L’intensità dei recenti eventi estremi sulla terraferma è pari solo alle condizioni torride degli oceani del mondo. Le temperature medie globali della superficie del mare hanno raggiunto un livello record questa primavera e sono quasi un grado Celsius (1,8 Fahrenheit) sopra la media per questa parte dell’estate.

“In un certo senso è più uno scenario di riscaldamento”, ha detto Ted Scambos, ricercatore polare presso l’Università del Colorado a Boulder.
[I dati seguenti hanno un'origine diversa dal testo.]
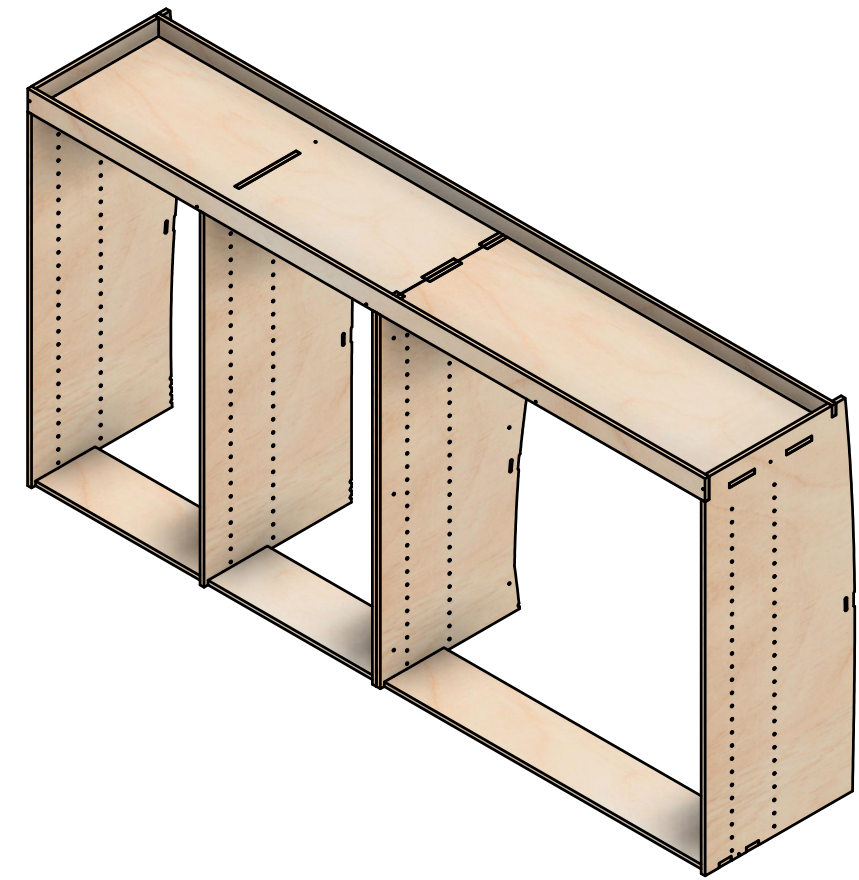

Renault Trafic | 2014on | L1H1 (SWB) | Panel Van
Vauxhall Vivaro | 2014-19 | L1H1 (SWB) | Panel Van
Nissan NV300 | 2016on | L1H1 (SWB) | Panel Van
Fiat Talento | 2016-20 | L1H1 (SWB) | Panel Van

Combo No.1 | FF 272mm

SKU: TVN_14_L1_C1_FF272

Page 3 - Internal Dimensions

All units in mm

Plywood thickness = 12mm

Notes

- All units on this page are internal.

YOKE VANS

info@yoke-van-kits.co.uk

0208 132 9221

© 2023 Yoke CNC LTD

Mentre la terra e l’aria sopra di essa si riscaldano e si raffreddano, l’oceano conduce il calore molto più lentamente.

“Questo significa che stiamo immagazzinando più calore nell’oceano”, ha detto Scambos. “Adesso aspettiamo [to act on climate change]Ci vorrà molto tempo prima che le temperature oceaniche tornino alla normalità”.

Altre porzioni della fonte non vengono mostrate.